● WORK TASK:
In the listing below, transcribe the line that contains "Width - 20 cm" and all lines following it, ending with the last line. Add nothing.

● DATA FOR THIS TASK:
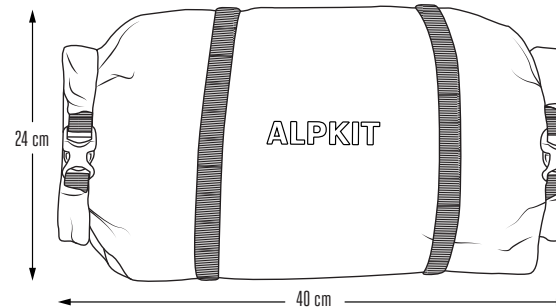

RANDO BIKE PACKING SERIES

BATO
Capacity - 0.5 l
Width - 7 cm
Weight - 60 g

FIANA
Capacity - 12 l
Width - 20 cm
Weight - 460 g

ANALOKO SMALL
Capacity - 2.5 l
Width - 5.5 cm
Weight - 180 g

ANALOKO MEDIUM
Capacity - 4 l
Width - 5.5 cm
Weight - 220 g

ANALOKO LARGE
Capacity - 6 l
Width - 5.5 cm
Weight - 250 g

LODO
Capacity - 1.4 l
Weight - 100 g

TOUKO
Capacity - 0.65 l
Width - 5 cm
Weight - 85 g

GNARO
Capacity - 3 l
Weight - 220 g

TIVARO 13 L
Capacity - 13 l
Weight - 345 g

● RESULT OF THE TASK:
Width - 20 cm
Weight - 460 g

ANALOKO SMALL
Capacity - 2.5 l
Width - 5.5 cm
Weight - 180 g

ANALOKO MEDIUM
Capacity - 4 l
Width - 5.5 cm
Weight - 220 g

ANALOKO LARGE
Capacity - 6 l
Width - 5.5 cm
Weight - 250 g

LODO
Capacity - 1.4 l
Weight - 100 g

TOUKO
Capacity - 0.65 l
Width - 5 cm
Weight - 85 g

GNARO
Capacity - 3 l
Weight - 220 g

TIVARO 13 L
Capacity - 13 l
Weight - 345 g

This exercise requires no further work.